When Joanna Louis-Ugbo takes the stage as the 2026 Emory College class orator, there will be no shortage of friendly faces in the crowd of fellow graduates.
Some will be connections from her pre-orientation program, Welcoming Interfaith and Spiritual Exploration (WISE), or her first-year residence hall. Others will be people who followed her guidance as co-director of Volunteer Emory’s Alternative Breaks program.
Many will simply be classmates whom Louis-Ugbo welcomed with a smile and conversation whenever they crossed paths in clubs, classes or on campus. Her speech will remind them that her strength, and theirs, comes from weaving their lives together.
“I’ve seen the ways friends show up for each other and the way people show up for me,” Louis-Ugbo says. “It can be easy to believe that they don’t owe anything to anyone, but we do.
“Humans are meant to be in connection with each other,” she adds. “Sometimes that means taking care of people when it’s not super convenient for you, but it helps your village thrive.”
A cohort of students, faculty and administrators selected Louis-Ugbo to speak at the Emory College diploma ceremony on Monday, May 11, following a rigorous review process that weighs student leadership, speaking ability and contributions to Emory.
Tackling the “it takes a village” proverb is a natural fit for Louis-Ugbo, a metro Atlanta native who is graduating with high honors in German studies and biology. Her parents left their entire families behind in Nigeria when they moved to the U.S. to be a lab technologist and surgeon.
Her community became the aunts, uncles and cousins from church. That none are technically related to her did not diminish their support, a concept she replicated the moment she arrived at Emory.
“Joanna is passionate and dedicated and definitely has a presence that pulls people in,” says Liz Martin, the program coordinator at the Emory Office of Spiritual and Religious Life who connected with Louis-Ugbo as a WISE student and eventual peer mentor. Younger students refer to Louis-Ugbo as their WISE mom and grandma.
“I’ve never had a student so dedicated to making sure every student felt welcomed and comfortable,” adds Martin. “She has been a big part of building a sense that WISE is a family that sticks with you.”
Generating that community was a crucial ingredient to making sure Louis-Ugbo felt comfortable exploring at Emory. She originally planned to major in pre-law, thinking she would enjoy health care policy. Then biology courses with professors Edward Nam and Jaap de Roode captured her interest.

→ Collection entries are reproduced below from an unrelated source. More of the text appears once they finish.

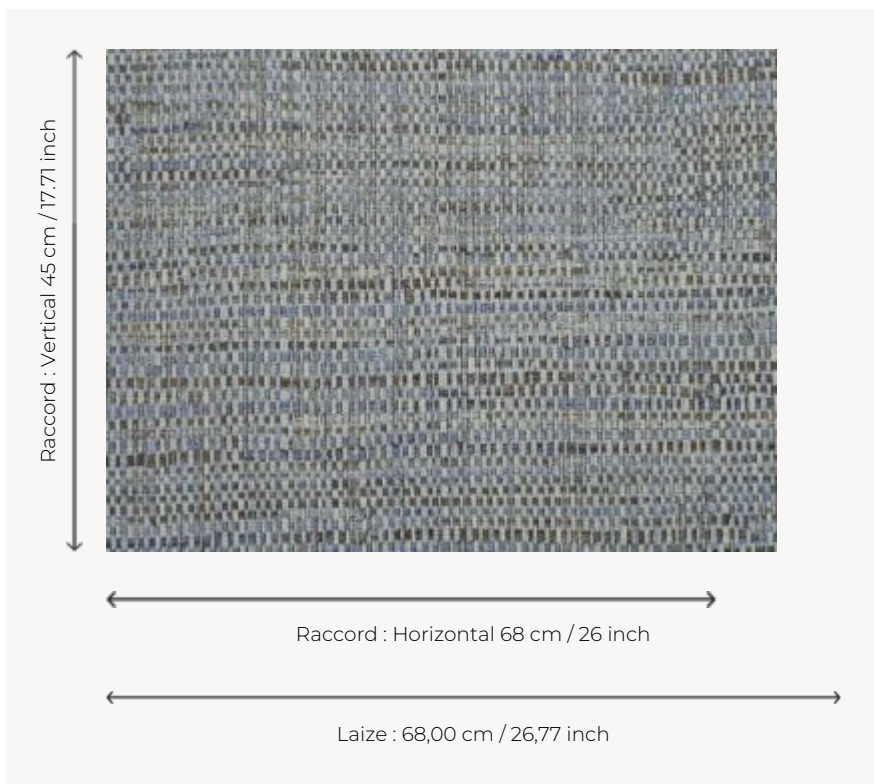

FP551015 NATTE

Inspired by a hand-crafted mat, the tone-on-tone NATTE wallpaper reproduces the irregular, lively weave of this type of textile. With a play of light and shadow, the colors of this natural line reveal the rhythmic structure of this tone-on-tone wallpaper. The wallpaper is printed with rollers on embossed vinyl with a braided artisanal look and has a matte or iridescent finish.

FP551015 - Denim

Pierre Frey

TYPE	Small width printed wallpapers - Vinyls - Plains & semi plains
SALES UNIT	Available per roll of 10,05 mts
BACKING	NON WOVEN
COMPOSITION	100 % Vinyl
WIDTH	68 cm / 26,77 inch
REPEAT	H: 68 cm - 26,00 inch V: 45 cm - 17,71 inch Free match
WEIGHT	460 gr / m ²
CARE	
TRIMMING	Trimmed
HANGING/REMOVING	Paste the wall Strippable
CERTIFICATIONS	EUROCLASS B-s2,d0 ASTM E84 Class A
NOTES	Good lightfastness Flame retardant backing Traditional printing technique Stain and impact resistant
BOOK	F9979PPFREY18 F9979PPFREY20

13 Colors

FP551001
Nacre

FP551002
Ficelle

FP551003
Rotin

FP551004
Jonc de mer

FP551005
Chanvre

FP551007
Paille

FP551008
Galet

She switched to a pre-med pathway after working as an optometrist technician and conducting lab research with David Archer at the School of Medicine. That experience included work on sickle cell disease, a condition that affects many in her family.
She also served as de Roode’s learning assistant for two years, going all in on his instructional classroom skits.
“It can be kind of embarrassing or silly, but she really committed to it and made it a fun atmosphere where everyone felt like they belonged,” de Roode says. “Joanna is always up for something fun.”
Louis-Ugbo was similarly game for trying something new with her study of German. Initially meant to fulfill her language requirement, her fascination with the culture and opportunity to participate in departmental study abroad courses in Austria and Germany led her to declare it a minor and, eventually, a second major.
Then came her commitment to plan events for the German Culture Club, where she served as president while completing an honors thesis analyzing the state of Black German activism through podcasts.
“I can’t think of a student who embodies the liberal arts better, completing a sciences major and humanities major out of pure passion,” says Didem Uca, assistant professor of German studies. “She has this fearlessness about her, where she pursues big projects, and because of how brilliant and multi-talented she is, she thrives.”
Louis-Ugbo is quick to credit her village — professors, staff and friends — for making it possible. She is especially grateful for close friends Allison Chen and Rohan Sinha.
The trio met their first year on campus, when Chen, who grew up in Taiwan, was living in the U.S. for the first time and Sinha was getting his bearings in the South after growing up in California. Louis-Ugbo immediately began taking the pair to her favorite spots in Atlanta, where they bonded over meals, movies and concerts.
“If there is a coffee café in Atlanta, we’ve been to it,” says Chen, a nursing major. “Joanna reminds me that there are opportunities to live life to the fullest everywhere.”
Sinha, an economics major, was surprised at how much Louis-Ugbo was willing to do for her friends, from inviting them to holiday meals to even letting them keep their cars at her home over the summer.
“She showed me how to create community,” Sinha says. “Because of her, now I realize that sometimes you have to be the person who takes that first step or even the first 10 steps for people to see that you’re in their corner.”
The trio will have another year to keep building their village in Atlanta. Sinha is pursuing a master’s degree in finance at Emory, while Chen has accepted a job working for Emory Healthcare. Louis-Ugbo is taking a gap year to work in research before heading to medical school.
She wants her fellow graduates to remember that kind of support and comfort as they leave campus.
“The world needs community, especially right now,” Louis-Ugbo says. “We had such an amazingly strong four years at Emory. Now, it’s time for us to take that love and care and show it to others beyond Emory.”